The main aim of writing this article is to suggest some possible solutions and security guidelines, which are the outcome of my research analysis regarding designing and implementing secure P2P applications, to the developer community.

I am not describing the possible attacks in P2P networks, but just to mention them the most common are Denial of Service, malicious node, self-replication, pseudospoofing, shilling, ping flooding, SYN flooding, attacks on P2P nodes, attacks on routing like incorrect lookup routing attack, incorrect routing updates attack, partitioning attack, semantic attacks like storage and retrieval and face-off and attacks related to file availability, authenticity and integrity.

In the table given below I have listed some of the various possible solutions for different inherent problems in P2P networks.

Solutions Node failure File integrity File authenticity Man in middle
Can Y      
Chord Y      
Pastry Y      
Viceroy Y      
Cyclic redundancy checks   Y    
Hashing   Y    
MACs   Y    
Digital signatures   Y Y  
Trutella       Y

Can, Chord, Pastry and Viceroy provide significant levels of fault tolerance in the face of node failure. Digital signature schemes are limited by the lifetime and security of public/private keys.

Intel® proposes Trutella, a solution to Man in the Middle attack. Here, a malicious node answers all incoming requests for information with "Yes, I've got that" and then floods the poor requester with garbage, in essence creating a denial-of-service attack.

Intel® solution "Trutella," is a combination of Gnutella and hardware that conforms to the Trusted Computing Platform Alliance (TCPA) for encryption. TCPA -- originally formed by Compaq, HP, IBM, Intel® and Microsoft -- now has over 145 companies as participating members, including Broadcom and Philips Semiconductors. The group has dedicated itself to developing a specification for a trusted computing platform.

One approach is to use a Peer-to-Peer Trusted Library that allows software developers to add the element of 'trust' to their peer-to-peer applications. It provides support for digital certificates, peer authentication, secure storage, public key encryption, digital signatures, digital envelopes, and symmetric key encryption. The library also provides simple support for networking and some operating system primitives, such as threads and locks. Applications built with the library are portable to both Win32 and Linux.
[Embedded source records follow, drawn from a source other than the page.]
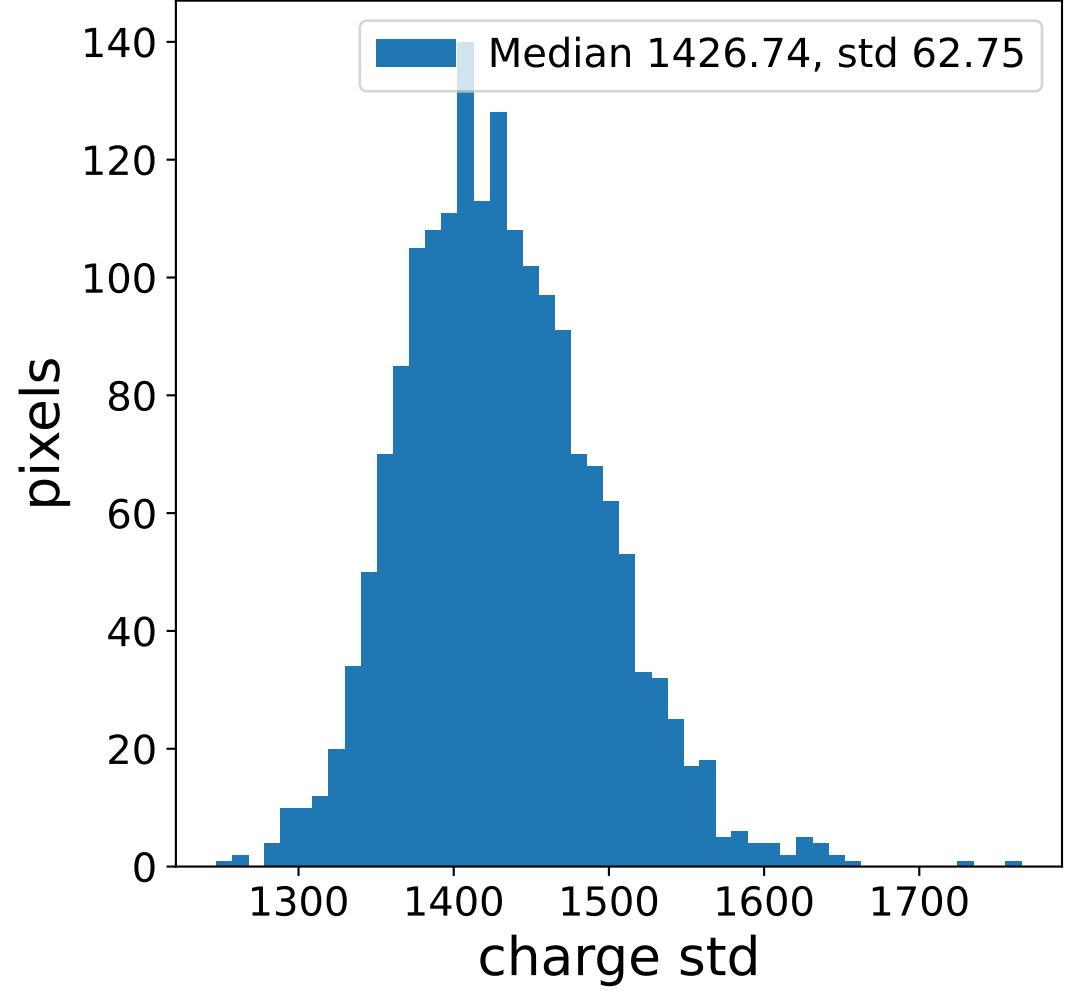

Run 9501

Run 9501

Run 9501 channel: HG

FF sample of 10000 events

pedestal sample of 10000 events

flat-fielded gain [ADC/pe]

Run 9501 channel: LG

FF sample of 10000 events

pedestal sample of 10000 events

flat-fielded gain [ADC/pe]
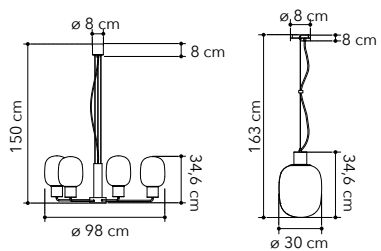

Fellini

Collezione in metallo oro satinato diffusori vetro soffiato opale

Collection in satin gold metal with blow opal glass diffusers

○○○

I-FELLINI-S6 ORO
8031414863150

6x E27 LED

I-FELLINI-S30 ORO
88031414863167

1x E27 LED

1x E27 LED

After analyzing various P2P security models, I have come up with some of the security guidelines that could form the basis for designing robust P2P networks in future.

  1. In the future, P2P protocols need to be designed to make it hard for adversaries to construct DoS attacks by taking advantage of loosely constrained protocol features.
  2. It is important to design future P2P protocols such that they do not open up new opportunities for attackers to use as amplifiers and back-door communication channels.
  3. One approach to deal, with the attack that effect the availability of any of the particular resources at a node, is to allocate storage to nodes in a manner proportional to the resources that a node contributes to the network.
  4. Techniques such as hash trees could to be used by the client to incrementally ensure that the server is sending the correct data, and that data is sent at a reasonable rate.
  5. To protect against Man in the Middle attack, one way to defeat attacker is for nodes to authenticate other nodes. This can be achieved by obtaining a node's public key through a secure channel (e.g., a trusted party such as certificate vendor, or through a web of trust like PGP) and validating their fingerprints.
  6. Make firewalls smarter so that peer-to-peer applications can cooperate with the firewall to allow traffic the administrator wants. Firewalls must become more sophisticated, allowing systems behind the firewall to ask permission to run a particular peer-to-peer application.
  7. One problem is the lack of accountability in the Internet architecture. Because any host can connect to any other host, and because connections are nearly anonymous, people can insert Spam into the network at any point. The lesson for peer-to-peer designers is that without accountability in a network, it is difficult to enforce rules of social responsibility.
  8. Use security toolbox like JXTA. Project JXTA has security API's and a library that has implements RSA, RC4, MD5, SHA-1, a psuedo-random number generator, MAC, and digital signatures. There are plans to add more ciphers, and Diffey-Hellman. The default key strength is 512 bits for RSA, and 128 bits for RC4. These are there to fulfill U. S. export requirements for open source. The above toolkit is sufficient to begin the P2P implementation.
Finally the above security guidelines and proposed solutions are followed by some research issues that developer community in future have to address:
  1. Some research has been done in particular to address DoS attacks based on query-floods in the Gnutella network. However, more research is necessary to understand the effects of other types of DoS attacks in various P2P networks.
  2. Research is required to develop techniques to deal with fail-stop and byzantine failures that are acceptable from a performance and security standpoint in a P2P context.
  3. Research is required to explore a broad range of fundamental P2P issues such as: peer-node identity, naming, configuration and capabilities; P2P network organization and scope; resource discovery, content lookup, search and distribution; request routing and operation in the presence of mobility; adaptation to expected peer-node instability; monitoring of P2P operations; security of P2P systems involving reputation-based trust for ad-hoc systems or more centralized, CA-like approaches; etc.
  4. In current P2P models the users are unaware of the information about the end users or consumers who has the file to share. On some systems, like Gnutella, this is discoverable; on others, like Freenet, anonymity is designed in. But in order to identify trusted sources one has to have the knowledge about the sources. One solution can be based on ratings of different sources based on trust parameters. Even that solution brings problems. The information must be stored somewhere. In a P2P system built on the Napster model that would be in a central directory -- once again creating a prime target for a malicious hack. Another answer might be a "source arbitrator," which would inform the peer's computer about both the identity of the source and its trustworthiness but not reveal it to the user -- at least not easily.
Since the data does exist somewhere within the peer's computer, odds are whatever programs the programmers use to test the viability of the trust model would be able to screen for this data.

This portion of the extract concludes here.